Laura Briggs, University of Massachusetts Amherst
Comment: Suzanna Danuta Walters , Northeastern University
The collision of two forces—increasing unpaid care burdens and ever more need for wage labor—have conspired over the past 40 years to radically reconfigure both families and political common sense in particularly racialized ways. Briggs argues that this issue has driven nearly every other significant policy debate in the US since the 1970s: not just abortion and daycare, but feminism in general, welfare, immigration, gay marriage, and in vitro fertilization. Welfare reform was a “who cares for the children” fight; gay marriage cases have been decided in terms of “the children”; the majority of immigrants to the US are women, disproportionately doing care work; and in vitro fertilization is about the necessity of delaying childbearing into one’s 30s in the US, when fertility begins to be reduced.

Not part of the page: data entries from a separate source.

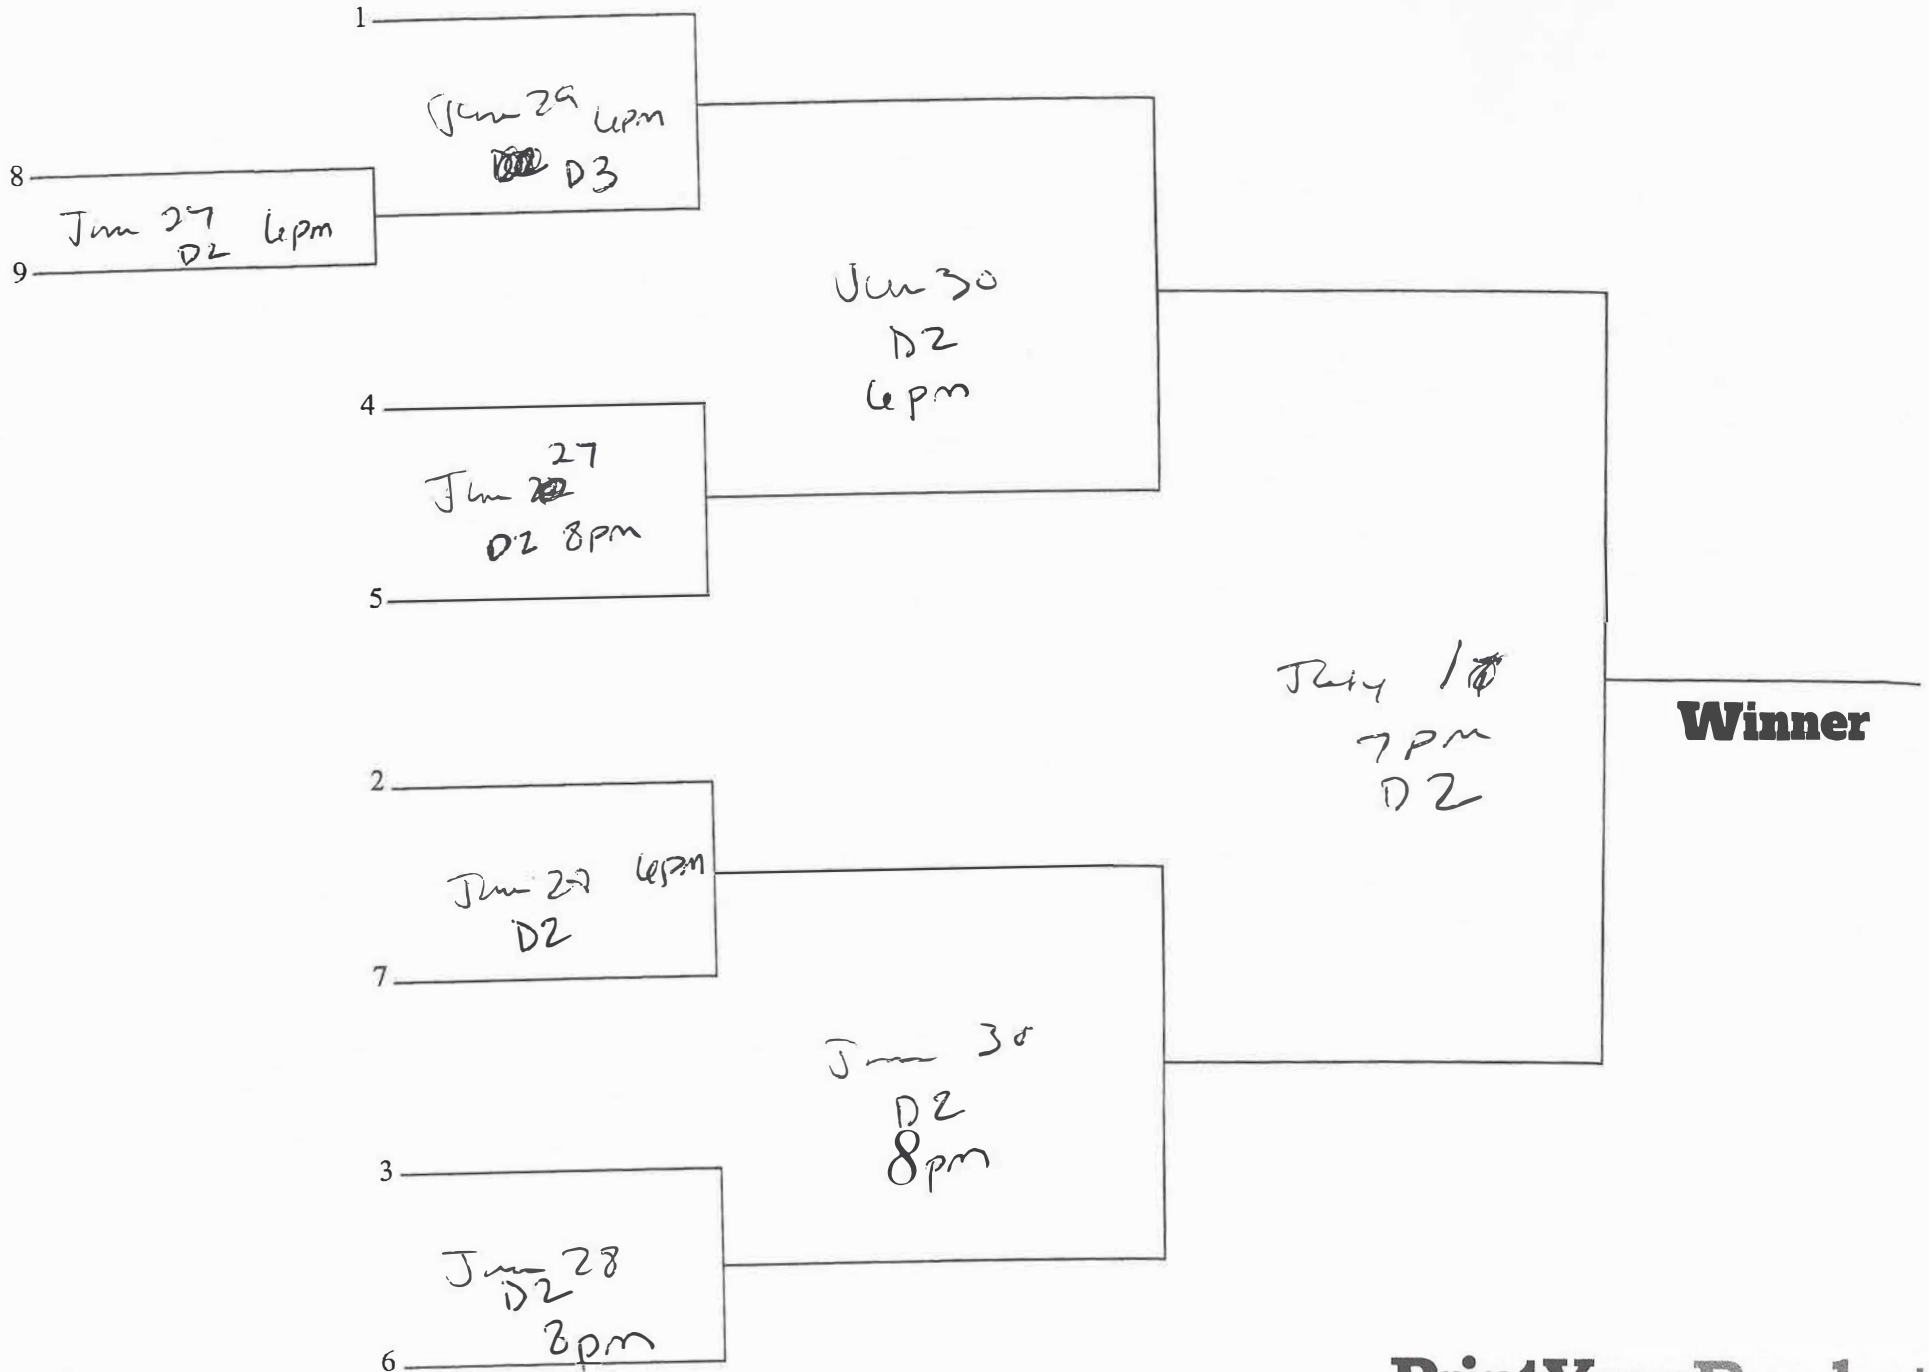

9 Team Single Elimination

Majors

9 Team Single Elimination

~~At 10:00~~ Mins

11 Team Single Elimination

6 Team Single Elimination

Pee Wee
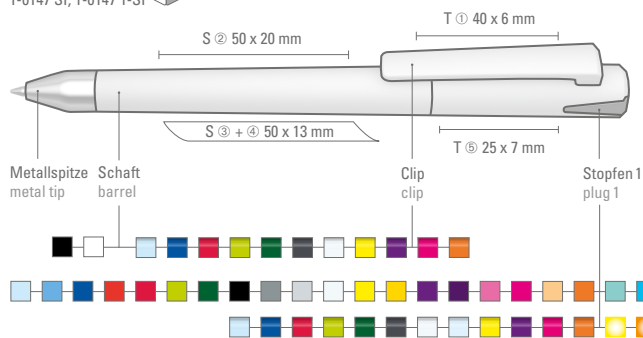

1-0147 SI, 1-0147 T-SI ◀

Furthermore, this is by no means a white middle-class or US problem. While being out of the labor force may seem like a privilege particularly of white US suburbanites in the 1950s, both the care crunch and the need to work longer and longer days for shrinking wages have disproportionately affected working-class people, people of color, and a growing segments of the Third World. The ways individuals, households, and communities grind up against these issues accounts for a great deal, including why race, gender, and reproduction have been such central issues in the US and beyond since at least the 1970s.